Records for the task section start

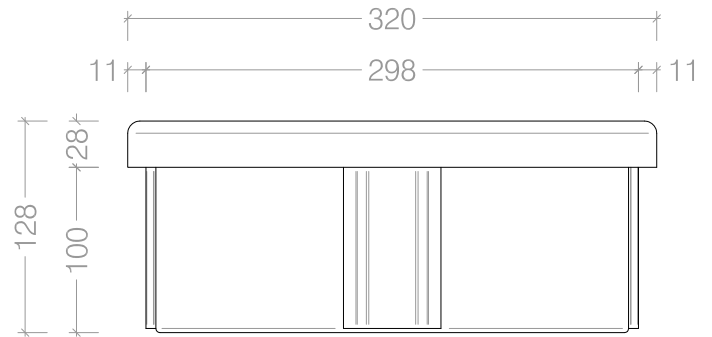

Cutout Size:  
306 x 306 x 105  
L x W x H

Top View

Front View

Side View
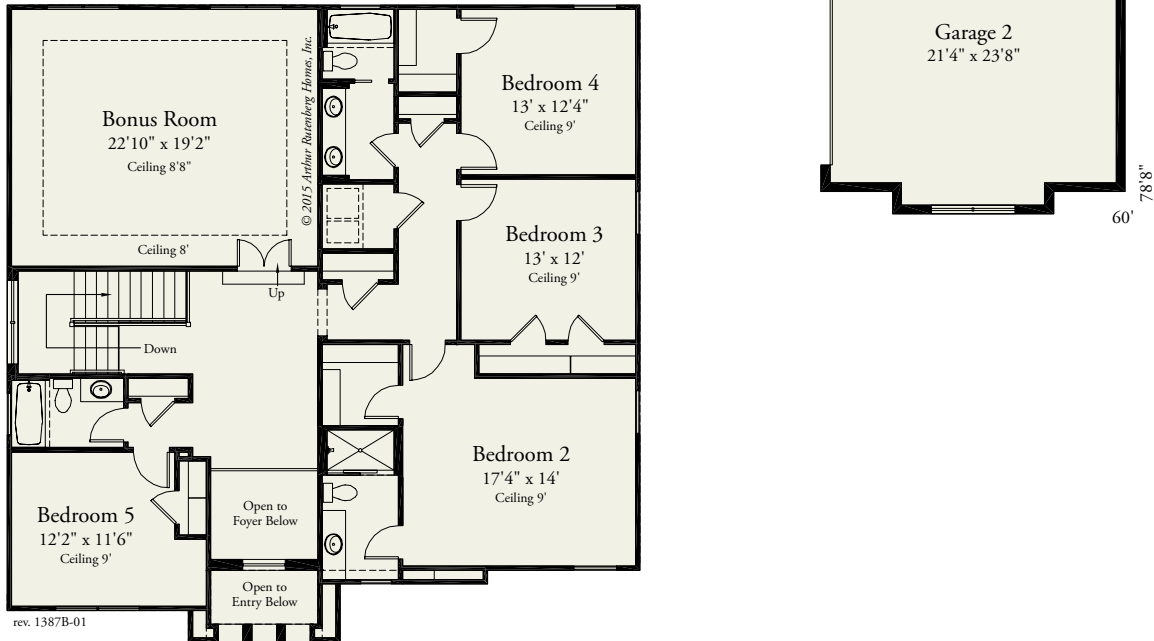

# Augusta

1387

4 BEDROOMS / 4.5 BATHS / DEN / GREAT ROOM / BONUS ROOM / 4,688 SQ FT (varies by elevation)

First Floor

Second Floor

Records for the task section end

## [Aim of the exercise]
Your answer must be the lines from the one holding "306 x 306 x 105" through the final line of the records above, exactly as written and without any pictures.

## [Written solution]
306 x 306 x 105  
L x W x H

Top View

Front View

Side View

# Augusta

1387

4 BEDROOMS / 4.5 BATHS / DEN / GREAT ROOM / BONUS ROOM / 4,688 SQ FT (varies by elevation)

First Floor

Second Floor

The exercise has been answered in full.